In other fake studies that I’m just now making up, excessive reality television increases the likelihood of sorority girls saying “We should totally have our own TV show” when they mistake drinking for being interesting. People who watch AMC’s “The Walking Dead” are 100 times more likely to post annoying Facebook statuses about upcoming episodes than people who don’t watch the show. And anyone in a sorority who watches “The Walking Dead” will never be my friend, if or when she reads this article.

For anyone familiar with B.F. Skinner or Albert Bandura (remember the experiment with the angry kids and the Bobo doll?), these kinds of studies are nothing new.
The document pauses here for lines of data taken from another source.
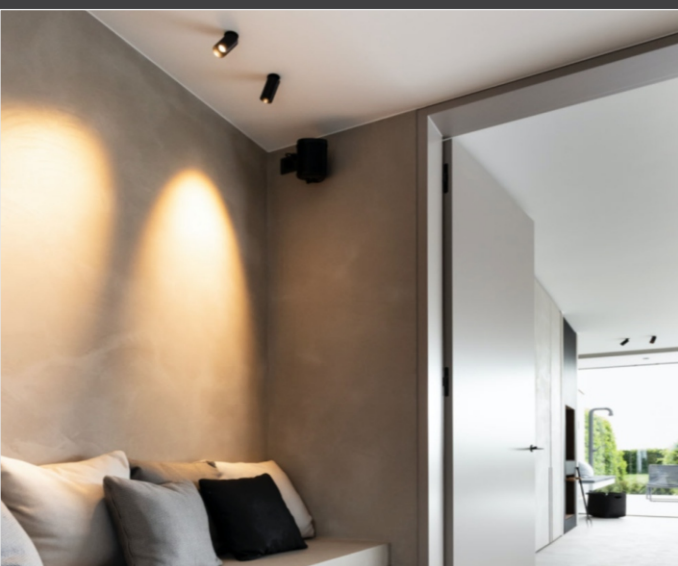

RECESSED SPOT LIGHT

TUNEABLE

DIMMABLE

Power:

2 x 8W

Body Color:

BK+BK

Beam Angle:

24°

Lumen Output:

110-115lm/w

Dimension:

Ø89 x 86 (H) mm

Cutout:

Ø75 mm

Material:

Though, as the medium continues to reinvent itself, I supposed we can expect to see these theories tested time and time again.

However, for our researchers, I will award my own seal of credibility if they can identify which television shows inspired the actions of our state’s unofficial mascot of criminal activity: Twitter’s “Florida Man.”

For example, earlier this week, a man stabbed his roommate with a box cutter for buying “too little drugs.” Try as I might, I do not remember that episode of “Friends.”

As bizarre as the love hexagon becomes on “How I Met Your Mother,” there has yet to be an episode in which the main character Ted Mosby lights a woman’s car on fire and is found later by police having sex with her on the beach.

What the study fails to mention is that the definition of “criminal behavior” is extremely broad.

In Florida, it’s a crime to wear socks and sandals.

It could be as innate as peeing on the side of a building, or as bizarre as being issued a citation for riding a dying sperm whale.

If the study wants to associate itself with the criminal behavior of our fellow Florida residents, they should start making stranger television. Aside from “The Walking Dead,” I would probably watch that.